Tutte queste tue semplificazioni e rimasticature. Queste tue aggiunte arbitrarie, volgarizzanti, abbruttenti, caro Massini, non ti sembra siano spingere a odiare?
Vedo che gli occhi ti stanno diventando come quelli nel monologo. Mi dici di farti un ultimo esempio. Va bene, va bene. Se non ti alteri ti faccio quest’ultimo esempio.
L’alterazione peggiore che hai fatto a Kirk nel tuo monologo, non è stata nemmeno nelle sue parole ma direttamente nella sua “anima”. Non solo infatti hai citato frasi decontestualizzate o false, ma le hai interpretate con aggressività inquietante. Un’aggressività che non ti appartiene, credo, che non apparteneva a Kirk come persona, e che non avevano le sue parole: né quelle vere né quelle false. Restituire a chi ti ascoltava una versione di Kirk così deumanizzata, incattivita, folle, attraverso un programma, Piazza Pulita, che dovrebbe fare informazione, caro Massini, non ti sembra sia spingere a odiare?

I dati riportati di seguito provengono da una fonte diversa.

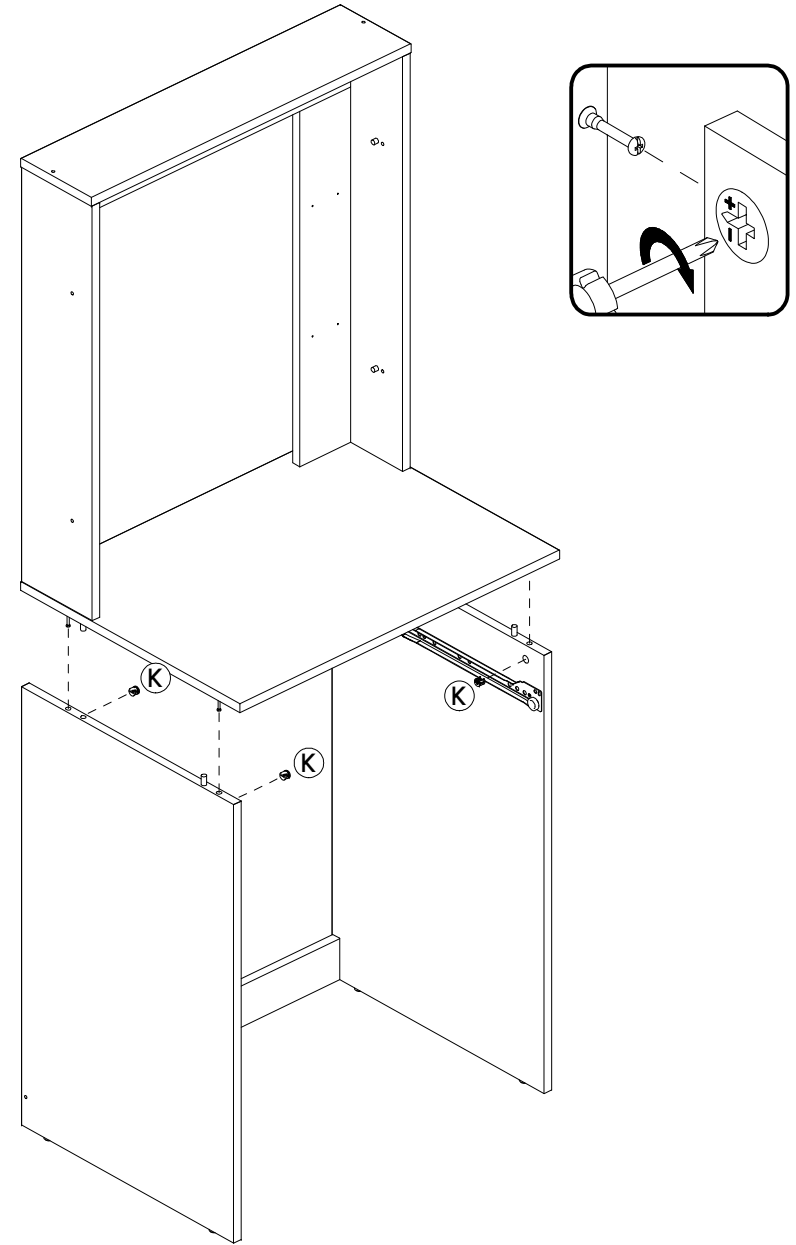

Passo/ Step/ Paso 07

Per chiudere il sipario, ti suggerisco adesso, dopo questa analisi, di provare a rileggere la cornice giornalistica con cui il tuo monologo è stato presentato sul sito di La7 ai lettori. Ma anche a quelli di Repubblica, o di La Stampa ad esempio. “Agghiaccianti affermazioni” di Kirk si legge. Oppure “campionario di razzismo”, “culto della violenza”. Ma da nessuna delle frasi da te interpretate, a maggior ragione una volta verificate, emerge qualcosa di simile. Perché quindi utilizzare simili espressioni, tanto forti quanto lontane dai fatti? Non ti sembra, caro Massini, che tutto questo sia stato esattamente spingere a odiare?